■ TASK GOAL:
Copy out each line containing "Lifetime" from the entries below.

■ INPUT MATERIAL:
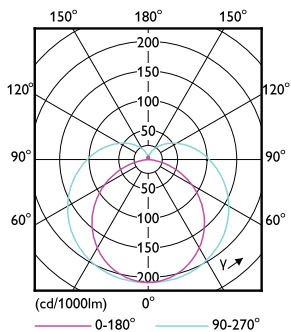

### Product data

General Information		Power Factor (Nom)	
Base	G13 [ Medium Bi-Pin Fluorescent]		0.9
EU RoHS compliant	Yes	Voltage (Nom)	120-277 V
Nominal Lifetime (Nom)	70000 h	<b>Temperature</b>	
Switching Cycle	50000X	T-Ambient (Max)	55 °C
<b>Light Technical</b>		T-Ambient (Min)	-20 °C
Color Code	841 [ CCT of 4100K (841)]	T-Storage (Max)	65 °C
Beam Angle (Nom)	180 °	T-Storage (Min)	-40 °C
Initial lumen (Nom)	2500 lm	T-Case Maximum (Nom)	50 °C
Correlated Color Temperature (Nom)	4000 K	<b>Controls and Dimming</b>	
Color Consistency	<6	Dimmable	No
Color Rendering Index (Nom)	80	<b>Mechanical and Housing</b>	
LLMF At End Of Nominal Lifetime (Nom)	70 %	Product Length	1200 mm
<b>Operating and Electrical</b>		<b>Approval and Application</b>	
Input Frequency	50 to 60 Hz	Energy Saving Product	Yes
Power (Rated) (Nom)	15.5 W		
Starting Time (Nom)	0.5 s		
Warm Up Time to 60% Light (Nom)	0.5 s		

## Dimensional drawing

TLED 1200mmT8 120-277 15.5W 2500lm 4000K

Product	D1	D2	A1	A2	A3
15.5T8/MAS/48-840/IF25/P 25/1	25.7 mm	28 mm	1198.1 mm	1205.2 mm	1212.3 mm

## Photometric data

LEDtube 15,5W G13 T8 840

LEDtube 15,5W G13 T8 840

LEDtube 15,5W G13 T8
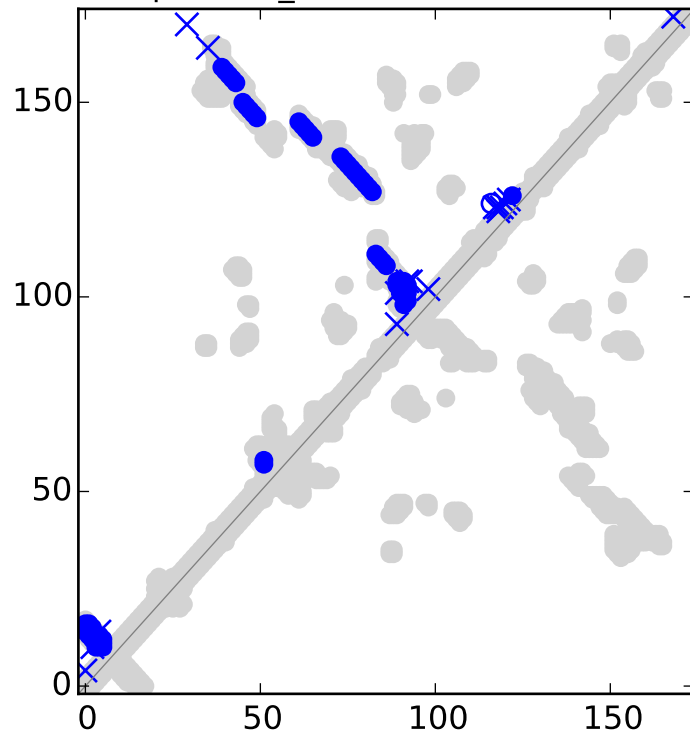

Top L/2 EC contacts for RF02001

Top L/2 MI\_E contacts for RF02001

RFAM secondary structure for RF02001

Top L EC contacts for RF02001

Top L MI\_E contacts for RF02001

RFAM secondary structure for RF02001

○ ○ Un-mapped    ● ● True positive    × × False positive
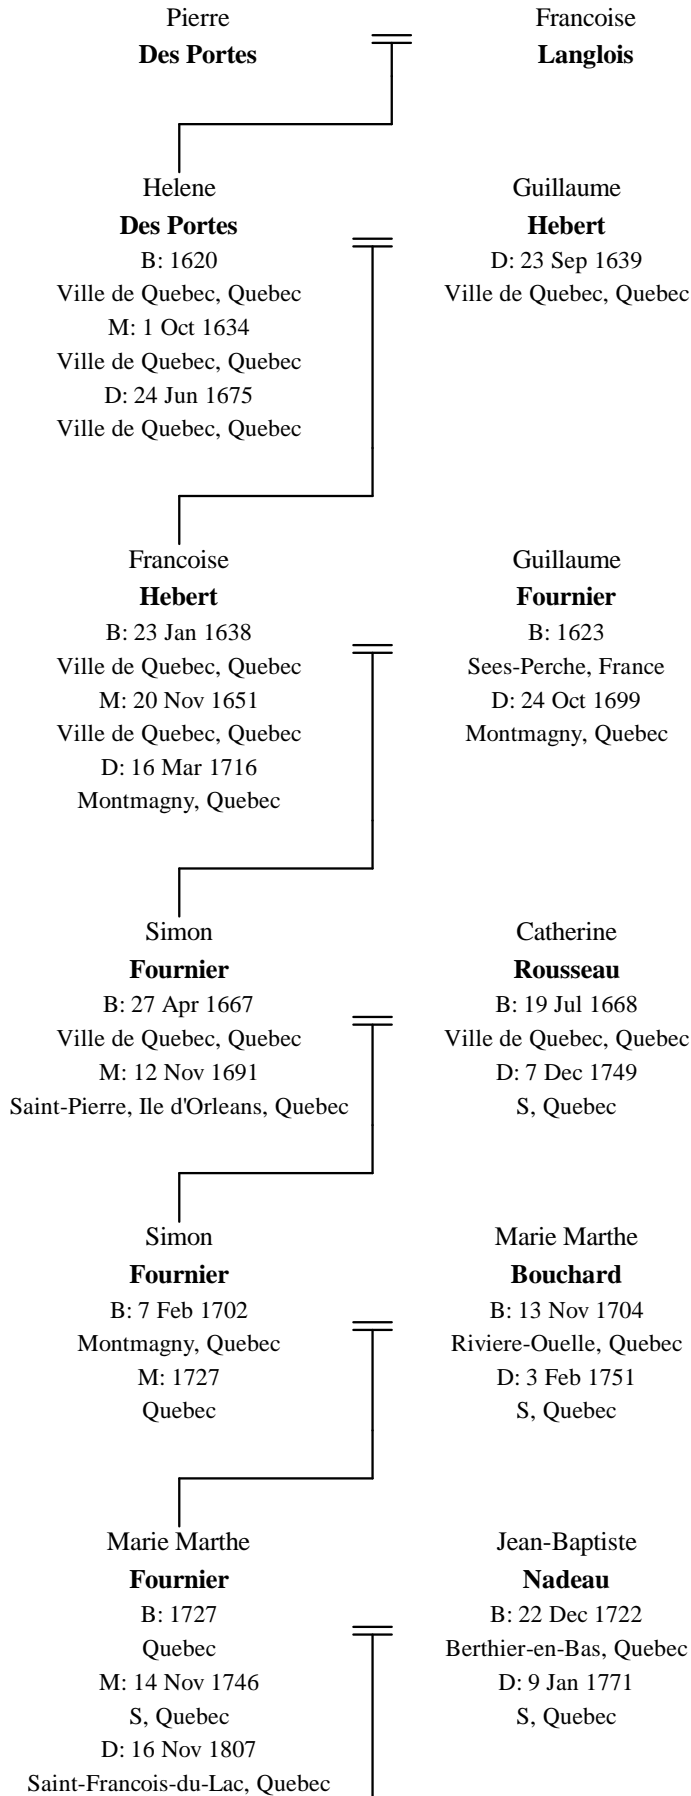

Line of Descent Between Pierre Des Portes and Rita Ann Roberts

Rosina Ann

Savoie

B: 29 Jul 1897
Swanton, Vermont

M: 9 Aug 1915
Swanton, Vermont

D: 25 Jul 1992
Saint Albans, Vermont

Joseph Dominateur

Robert

B: 3 Jun 1890
SEdN, Quebec

D: 4 Dec 1955
Saint Albans, Vermont

Rita Ann

Roberts

B: 30 Jul 1936
Swanton, Vermont
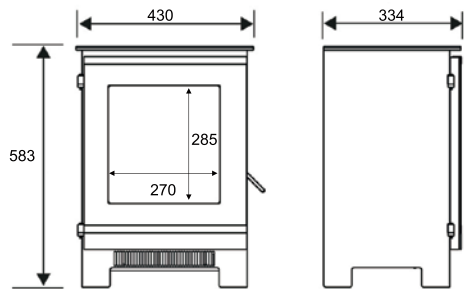

GLASS 1

Watch the video
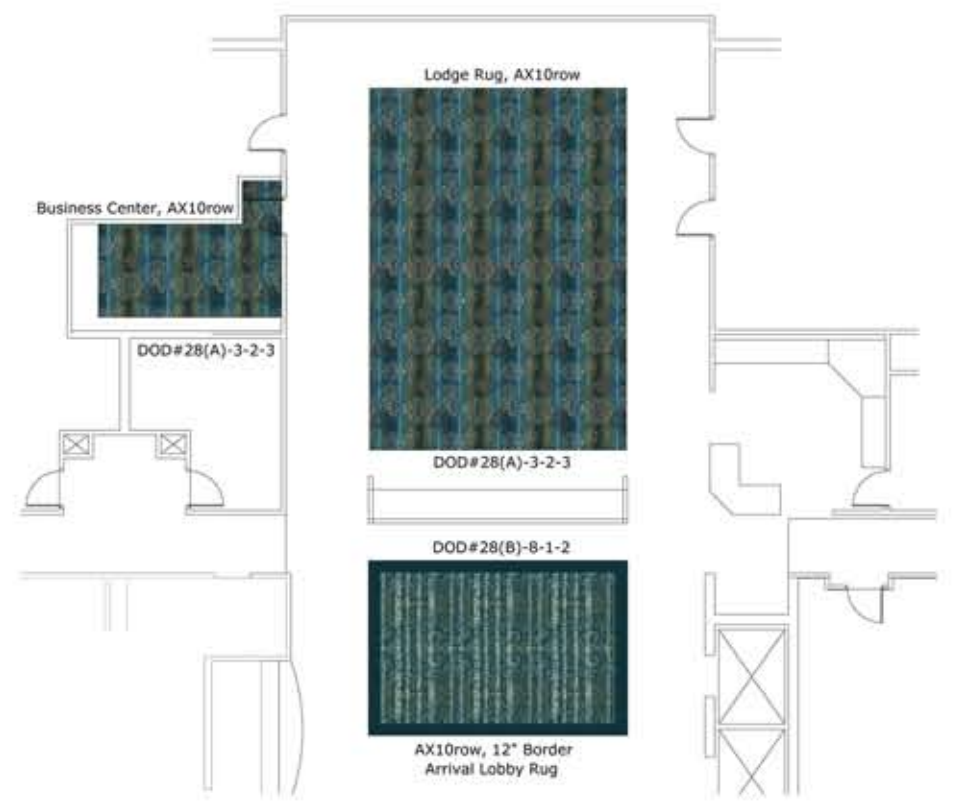

jamie stern

FURNITURE | CARPET | LEATHER

HOMewood
SUITES
BY HILTON™

Inspiration

D
e
s
i
g
n
i
m
p
r
o
v
e
m
e
n
t

3000 sq.yd Axminster 9/10 row

Elevator Lobby Outfill
AX9row, DOD#28(B)-9-1-1

Elevator Lobby Rug with woven outfill
AX 9row, DOD#28(B)-9-1-1
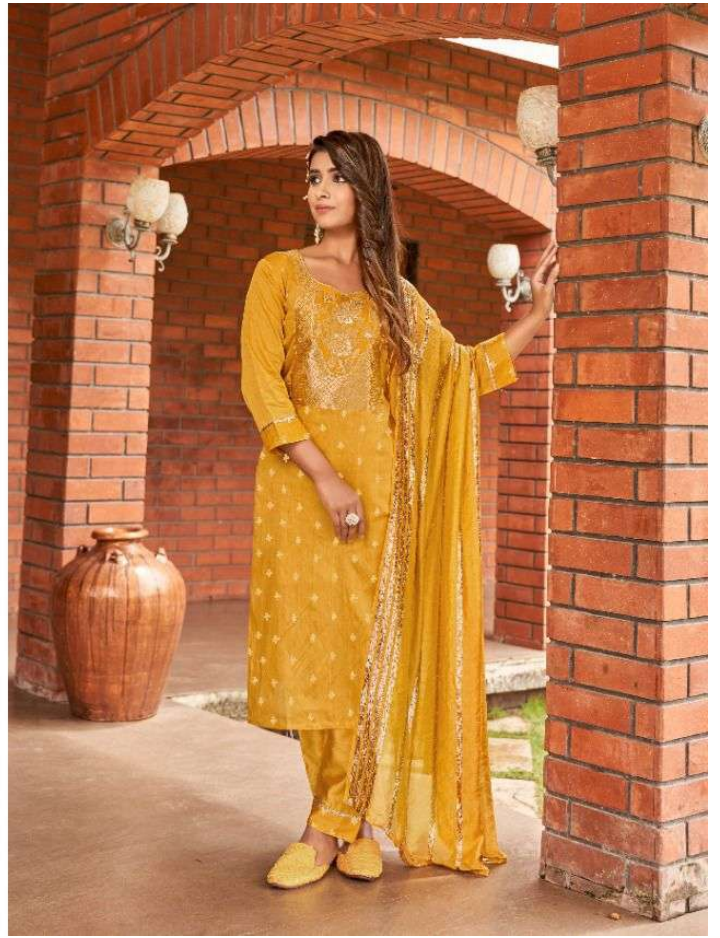

1001

1002

1003

1004

1005

ELEGANCE OF SHADES
DESIGNED BY ANJALI KUMAR

Stylish

1001

Essence

1004

DELIGHTFUL SHADES

WEAVERS: LAKSHMI SAREES BY MUMBAI (P) LTD.

THE TRENDY DIVA

1002

Verve beauty
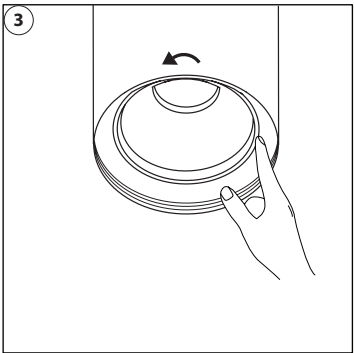

LIGHT SOURCE BY **CITIZEN**

Tools

SPECIFICATIONS

LED:	1 x Power LED
Available colours:	CRI>80: 2500K, 2700K, 3000K, 4000K CRI>92: 2700K, 3000K, 4000K (only for the 7 - 8 serie)
Lenses:	19°, 49°, 63°
Power supply:	200 - 240 VAC
Power consumption:	5 serie: Max. 22 Watt 6 serie: Max. 30 Watt 7 serie: Max. 45 Watt 8 serie: Max. 60 Watt
Housing:	Anodised aluminium black or white coated
Weight:	3600 gr
IP value:	IP20
Cable length:	200, 400, 600 or 800 centimeters
Measurements:	322 x 140 mm (h x ø)
Ambient temperature:	-10° C till +40° C

REFLECTOR REPLACEMENT

Make sure the indicated holes falls over the clips

For Casambi controlled fixtures, see the manual of Casambi. The Manual can be found on our CLS website, in the Downloads section. Or use the link below:
https://www.cis-led.com/wp-content/uploads/cis-products/CLS_CASAMBI/MANUAL/Manual_Casambi_controlsysteM_EN.pdf
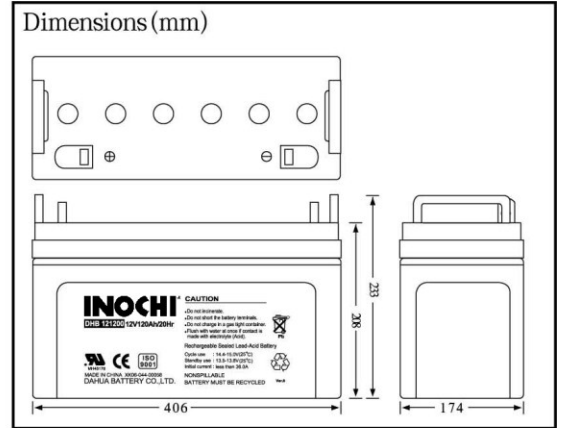

Centra-Inochi Extreme Pit Shop Corporation

12 L. Fernandez St. Balintawak, Quezon City
Phone/Fax: (632) 364 57 22; (632) 412 33 48
www.inochi.com.ph
sales@inochi.com.ph

INOCHI 121200 (12V 120Ah)
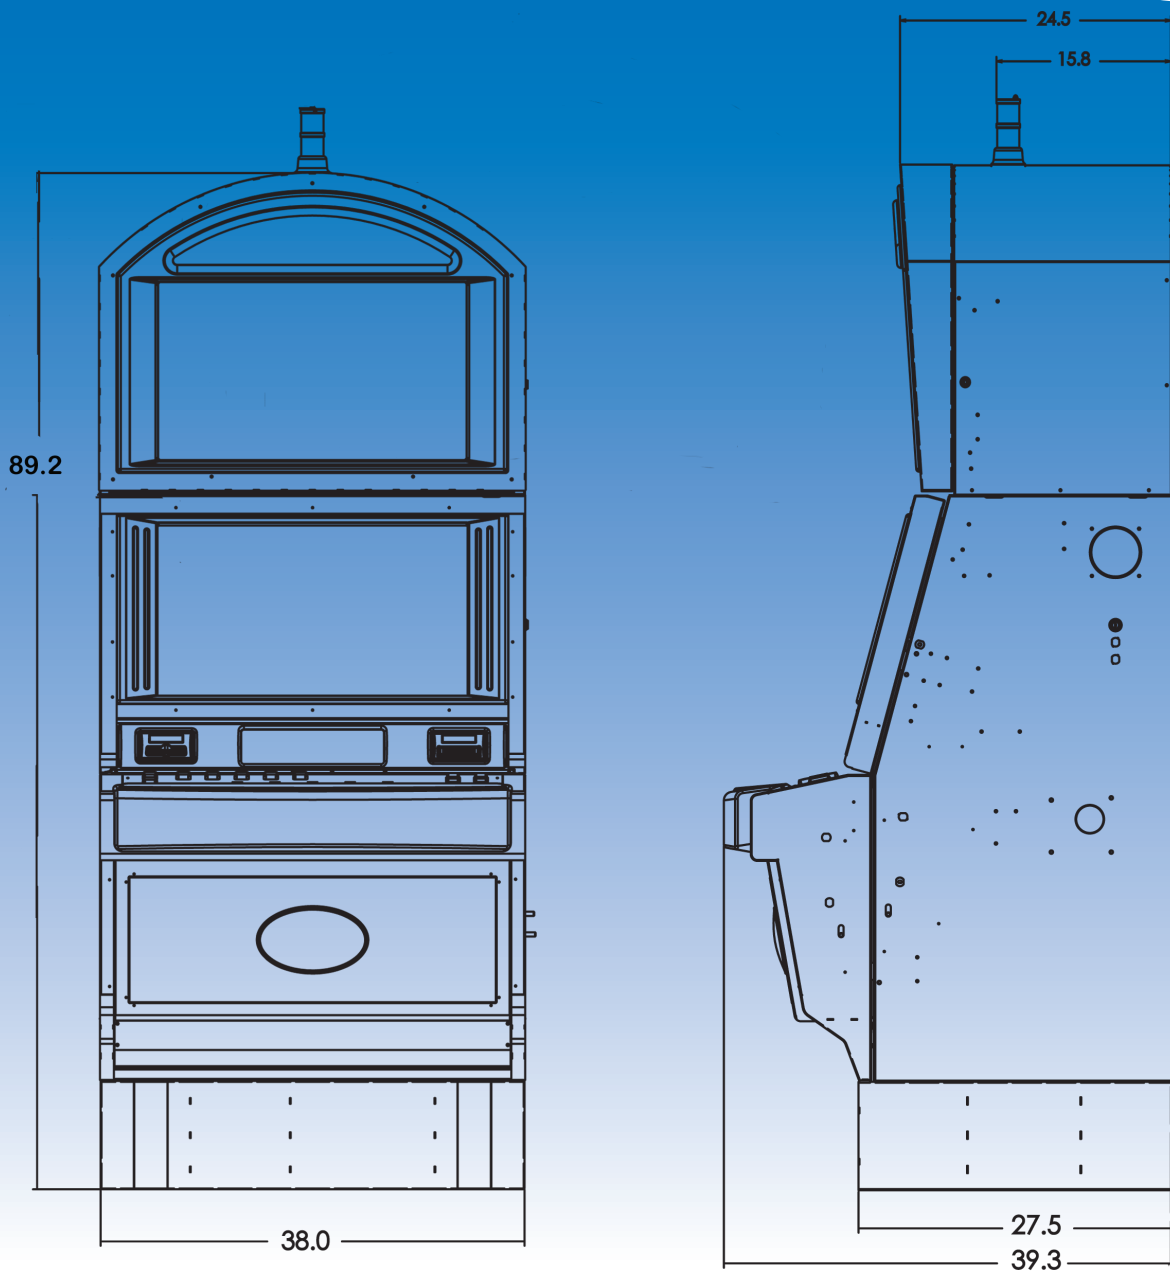

Hardware Specifications

The **ALPHA Elite™ JUMBO Video** brings a mammoth presence to your gaming floor that will draw players from far and wide. With a 32" high definition touchscreen monitor, Bally's new **ALPHA Elite™ JUMBO Video** will provide a sure-fire draw for targeted locations on your floor.

- Works with all of the popular ALPHA-based video games in our ALPHA product library and with full support for high-definition gaming.
- Available in single and dual screen configurations.
- Uses Bally's ALPHA OS™ with its user-friendly interface.
- Massive 89" height makes for a commanding presence on casino floors.
- Ergonomically located space for player tracking systems above the button deck.
- Common components with Bally's ALPHA Elite™ product line, reducing spares inventory.
- Switched and unswitched outlets included.
- Low maintenance design, utilizing components like LED and cold-cathode lighting.

SCREEN	Diagonal: 31.5"
	Height: 15.4"
	Width: 27.5"

SCREEN RESOLUTION 1360 × 768 pixels

STAND HEIGHT

Included with cabinet.

CABINET

Weight:	660 lbs (300 kg)
Oval Top Box Cabinet Height with Tower Light:	94.7" (2405 mm)
Oval Top Box Cabinet Height without Tower Light:	89.2" (2266 mm)
Width:	38.0" (965 mm)
Depth:	39.3" (998 mm)

■ WRITTEN ANSWER:
Nominal Lifetime (Nom)	70000 h	<b>Temperature</b>	
LLMF At End Of Nominal Lifetime (Nom)	70 %	Product Length	1200 mm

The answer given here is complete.